All the same, the Canadiens’ ability to perform up to their potential should be a source of both frustration and hope for fans. Hope, because the Habs are a strong team on paper that can realistically reach Round 2 at the very least and build on last postseason’s unexpected relative success. Frustration, because they obviously first have to make the playoffs.
As the fourth-place team in the North Division, the Canadiens still hold their fate in their hands to a degree. However, at the start, this three-game series against the Flames comprised arguably the three-most important games remaining on the schedule. The Canadiens had the chance to all but mathematically eliminate the Flames from playoff contention with a sweep. Now, the best the Canadiens can hope for is a modest gain in the standings, which is disappointing enough without failing to take into account their lack of compete on Friday night.

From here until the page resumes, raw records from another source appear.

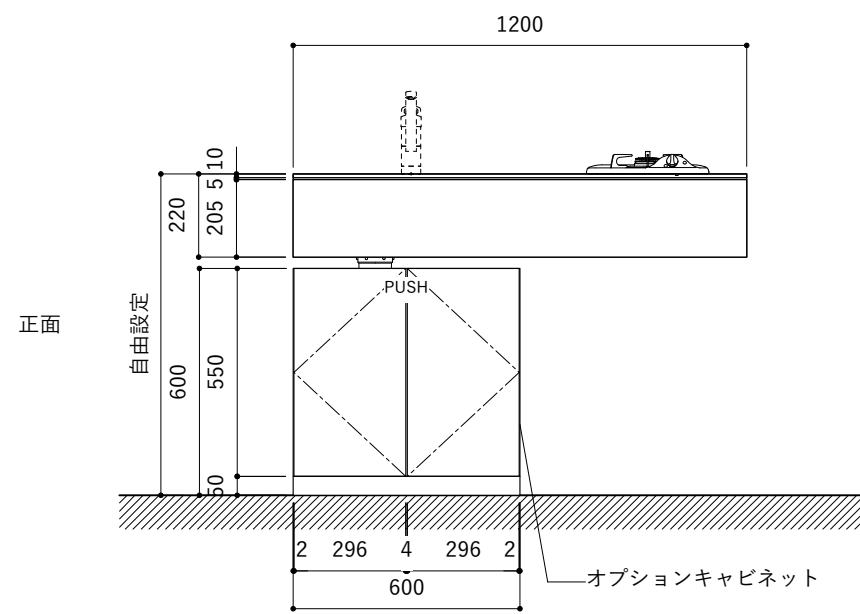

※オプションキャビネットは別売りです。
 ※オプションキャビネットをする際は配管を図面に示している範囲内で立ち上げてください。
 ※オプションキャビネットをする際はキッチン高さ850mmを推奨します。
 ※トラップ以降の配管は付属していません。別途ご用意ください。
 ※コンロ横に袖壁を設ける場合は壁を不燃材で仕上げるか、防熱板を使用してください。

シンク断面

コンロ断面

オプションキャビネット使用時

No.	名称	仕様
1	天板	人工大理石 ホワイト T10
2	シンク	ステンレスシンク
3	面材	低圧メラミン化粧板 ホワイト
4	内部キャビネット	低圧メラミン化粧板 ホワイト

Defenseman Joel Edmundson went a step further. Acknowledging the loss to the Flames was a big game, he said the Habs have approached this five-game road trip as a best-of-five.
“[The Edmonton Oilers and the Flames] are up 2-1 right now, but we’ve got two more games in the next three nights. We’ve got to win those,” he said.
Now, the Canadiens may very well make the playoffs, even if they lose the makeshift series. What would be the point, though? All the Canadiens will have proven in so doing is that they wouldn’t deserve to, as, with their backs against the wall in a must-win situation, they have failed to deliver up to now. Even if they have the propensity to win on paper, that’s not “good enough.” Ultimately at this stage neither is a vocabulary that so much as features the phrase.